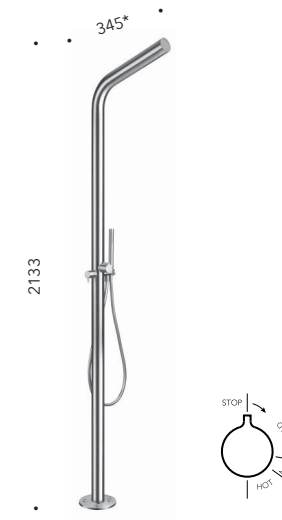

CRIWX614 Ø 60

Colonna doccia da esterno/interno a pavimento con miscelazione progressiva con flessibile LONG LIFE e doccetta anticalcare con miscelazione indipendente, sistema di fissaggio e alimentazione a terra, e sistema di svuotamento acqua antigelo

Outdoor/indoor floor mounted shower column with progressive mixing valve, LONG LIFE flexible hose and anti-lime hand shower with independent mixing, ground fixing and water supply system, and antifreeze emptying water system

--- TASK STATEMENT ---
Lines from the one with "Colonna doccia da" through the final line of the listing above should be duplicated word for word, and nothing else included.

--- EXERCISE ANSWER ---
Colonna doccia da esterno/interno a pavimento con miscelazione progressiva con flessibile LONG LIFE e doccetta anticalcare con miscelazione indipendente, sistema di fissaggio e alimentazione a terra, e sistema di svuotamento acqua antigelo

Outdoor/indoor floor mounted shower column with progressive mixing valve, LONG LIFE flexible hose and anti-lime hand shower with independent mixing, ground fixing and water supply system, and antifreeze emptying water system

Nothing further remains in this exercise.